- EXERCISE GOAL:
Would you write out every record that follows exactly, with the pictures left out?
[DATASET CONTENT]
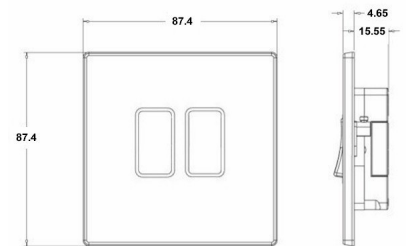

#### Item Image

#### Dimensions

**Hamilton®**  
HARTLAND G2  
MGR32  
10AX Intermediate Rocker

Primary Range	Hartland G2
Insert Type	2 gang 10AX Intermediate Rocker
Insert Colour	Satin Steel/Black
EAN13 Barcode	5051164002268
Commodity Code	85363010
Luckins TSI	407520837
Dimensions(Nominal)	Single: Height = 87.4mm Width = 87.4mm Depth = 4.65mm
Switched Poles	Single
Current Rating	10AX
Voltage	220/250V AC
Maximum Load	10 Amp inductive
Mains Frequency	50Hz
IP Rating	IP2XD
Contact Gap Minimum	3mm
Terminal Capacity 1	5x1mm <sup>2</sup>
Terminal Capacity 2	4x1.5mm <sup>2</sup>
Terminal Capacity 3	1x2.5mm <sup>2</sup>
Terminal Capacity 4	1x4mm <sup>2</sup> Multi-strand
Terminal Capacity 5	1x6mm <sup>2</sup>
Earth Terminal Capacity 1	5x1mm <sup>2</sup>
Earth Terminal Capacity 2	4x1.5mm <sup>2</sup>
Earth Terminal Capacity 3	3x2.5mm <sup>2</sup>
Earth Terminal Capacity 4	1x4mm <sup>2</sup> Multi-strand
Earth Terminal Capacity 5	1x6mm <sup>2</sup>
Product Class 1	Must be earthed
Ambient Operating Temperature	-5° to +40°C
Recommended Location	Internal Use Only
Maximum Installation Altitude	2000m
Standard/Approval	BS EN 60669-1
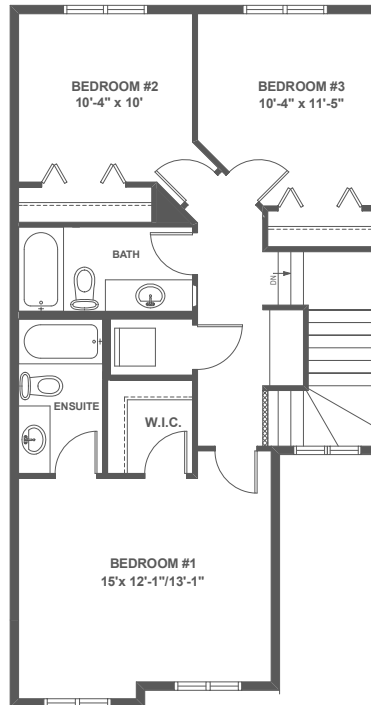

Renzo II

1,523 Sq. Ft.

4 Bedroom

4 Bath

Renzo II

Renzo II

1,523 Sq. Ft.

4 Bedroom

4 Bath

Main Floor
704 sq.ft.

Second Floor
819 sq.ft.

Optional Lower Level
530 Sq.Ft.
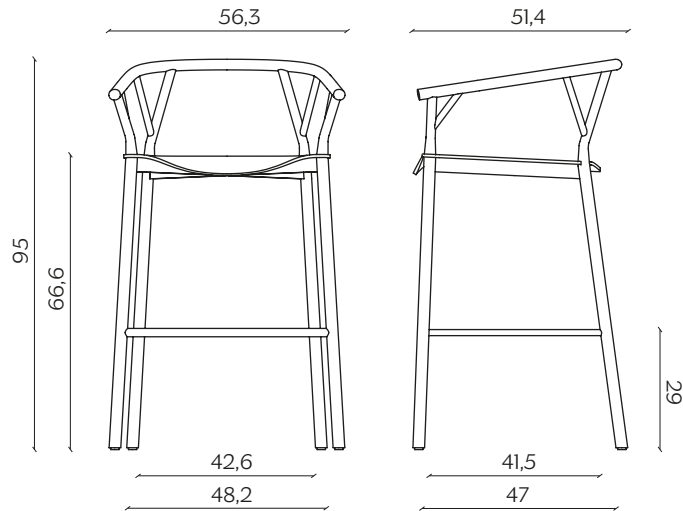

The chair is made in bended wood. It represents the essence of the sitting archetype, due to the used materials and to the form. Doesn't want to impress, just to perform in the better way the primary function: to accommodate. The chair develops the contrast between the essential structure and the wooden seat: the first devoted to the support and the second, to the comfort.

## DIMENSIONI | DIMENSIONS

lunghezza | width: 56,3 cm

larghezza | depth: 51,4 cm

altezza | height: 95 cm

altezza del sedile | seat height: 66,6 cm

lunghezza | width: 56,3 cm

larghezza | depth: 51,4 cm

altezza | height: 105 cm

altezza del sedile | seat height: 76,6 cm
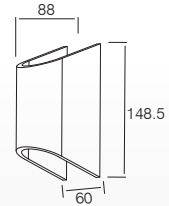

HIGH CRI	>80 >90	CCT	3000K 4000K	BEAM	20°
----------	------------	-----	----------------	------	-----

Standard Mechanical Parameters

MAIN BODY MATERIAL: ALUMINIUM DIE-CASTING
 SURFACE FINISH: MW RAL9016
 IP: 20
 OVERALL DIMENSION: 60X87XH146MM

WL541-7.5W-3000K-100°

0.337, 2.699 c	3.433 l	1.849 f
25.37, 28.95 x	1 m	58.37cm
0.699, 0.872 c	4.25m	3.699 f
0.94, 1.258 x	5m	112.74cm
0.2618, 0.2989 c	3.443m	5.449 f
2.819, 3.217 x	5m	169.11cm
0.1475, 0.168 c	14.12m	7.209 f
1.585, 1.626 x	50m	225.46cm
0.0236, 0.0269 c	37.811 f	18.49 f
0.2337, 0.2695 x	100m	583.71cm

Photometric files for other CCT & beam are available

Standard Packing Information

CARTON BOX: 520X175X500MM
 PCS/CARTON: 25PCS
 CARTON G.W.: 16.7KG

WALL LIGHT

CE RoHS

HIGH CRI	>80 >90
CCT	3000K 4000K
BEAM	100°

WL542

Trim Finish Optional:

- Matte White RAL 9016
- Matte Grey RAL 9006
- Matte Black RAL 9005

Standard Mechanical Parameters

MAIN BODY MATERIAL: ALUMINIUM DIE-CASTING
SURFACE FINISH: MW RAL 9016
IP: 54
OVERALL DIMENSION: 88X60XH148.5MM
[/DATASET CONTENT]
- TASK OUTPUT:
#### Item Image

#### Dimensions

**Hamilton®**  
HARTLAND G2  
MGR32  
10AX Intermediate Rocker

Primary Range	Hartland G2
Insert Type	2 gang 10AX Intermediate Rocker
Insert Colour	Satin Steel/Black
EAN13 Barcode	5051164002268
Commodity Code	85363010
Luckins TSI	407520837
Dimensions(Nominal)	Single: Height = 87.4mm Width = 87.4mm Depth = 4.65mm
Switched Poles	Single
Current Rating	10AX
Voltage	220/250V AC
Maximum Load	10 Amp inductive
Mains Frequency	50Hz
IP Rating	IP2XD
Contact Gap Minimum	3mm
Terminal Capacity 1	5x1mm <sup>2</sup>
Terminal Capacity 2	4x1.5mm <sup>2</sup>
Terminal Capacity 3	1x2.5mm <sup>2</sup>
Terminal Capacity 4	1x4mm <sup>2</sup> Multi-strand
Terminal Capacity 5	1x6mm <sup>2</sup>
Earth Terminal Capacity 1	5x1mm <sup>2</sup>
Earth Terminal Capacity 2	4x1.5mm <sup>2</sup>
Earth Terminal Capacity 3	3x2.5mm <sup>2</sup>
Earth Terminal Capacity 4	1x4mm <sup>2</sup> Multi-strand
Earth Terminal Capacity 5	1x6mm <sup>2</sup>
Product Class 1	Must be earthed
Ambient Operating Temperature	-5° to +40°C
Recommended Location	Internal Use Only
Maximum Installation Altitude	2000m
Standard/Approval	BS EN 60669-1

Renzo II

1,523 Sq. Ft.

4 Bedroom

4 Bath

Renzo II

Renzo II

1,523 Sq. Ft.

4 Bedroom

4 Bath

Main Floor
704 sq.ft.

Second Floor
819 sq.ft.

Optional Lower Level
530 Sq.Ft.

The chair is made in bended wood. It represents the essence of the sitting archetype, due to the used materials and to the form. Doesn't want to impress, just to perform in the better way the primary function: to accommodate. The chair develops the contrast between the essential structure and the wooden seat: the first devoted to the support and the second, to the comfort.

## DIMENSIONI | DIMENSIONS

lunghezza | width: 56,3 cm

larghezza | depth: 51,4 cm

altezza | height: 95 cm

altezza del sedile | seat height: 66,6 cm

lunghezza | width: 56,3 cm

larghezza | depth: 51,4 cm

altezza | height: 105 cm

altezza del sedile | seat height: 76,6 cm

HIGH CRI	>80 >90	CCT	3000K 4000K	BEAM	20°
----------	------------	-----	----------------	------	-----

Standard Mechanical Parameters

MAIN BODY MATERIAL: ALUMINIUM DIE-CASTING
 SURFACE FINISH: MW RAL9016
 IP: 20
 OVERALL DIMENSION: 60X87XH146MM

WL541-7.5W-3000K-100°

0.337, 2.699 c	3.433 l	1.849 f
25.37, 28.95 x	1 m	58.37cm
0.699, 0.872 c	4.25m	3.699 f
0.94, 1.258 x	5m	112.74cm
0.2618, 0.2989 c	3.443m	5.449 f
2.819, 3.217 x	5m	169.11cm
0.1475, 0.168 c	14.12m	7.209 f
1.585, 1.626 x	50m	225.46cm
0.0236, 0.0269 c	37.811 f	18.49 f
0.2337, 0.2695 x	100m	583.71cm

Photometric files for other CCT & beam are available

Standard Packing Information

CARTON BOX: 520X175X500MM
 PCS/CARTON: 25PCS
 CARTON G.W.: 16.7KG

WALL LIGHT

CE RoHS

HIGH CRI	>80 >90
CCT	3000K 4000K
BEAM	100°

WL542

Trim Finish Optional:

- Matte White RAL 9016
- Matte Grey RAL 9006
- Matte Black RAL 9005

Standard Mechanical Parameters

MAIN BODY MATERIAL: ALUMINIUM DIE-CASTING
SURFACE FINISH: MW RAL 9016
IP: 54
OVERALL DIMENSION: 88X60XH148.5MM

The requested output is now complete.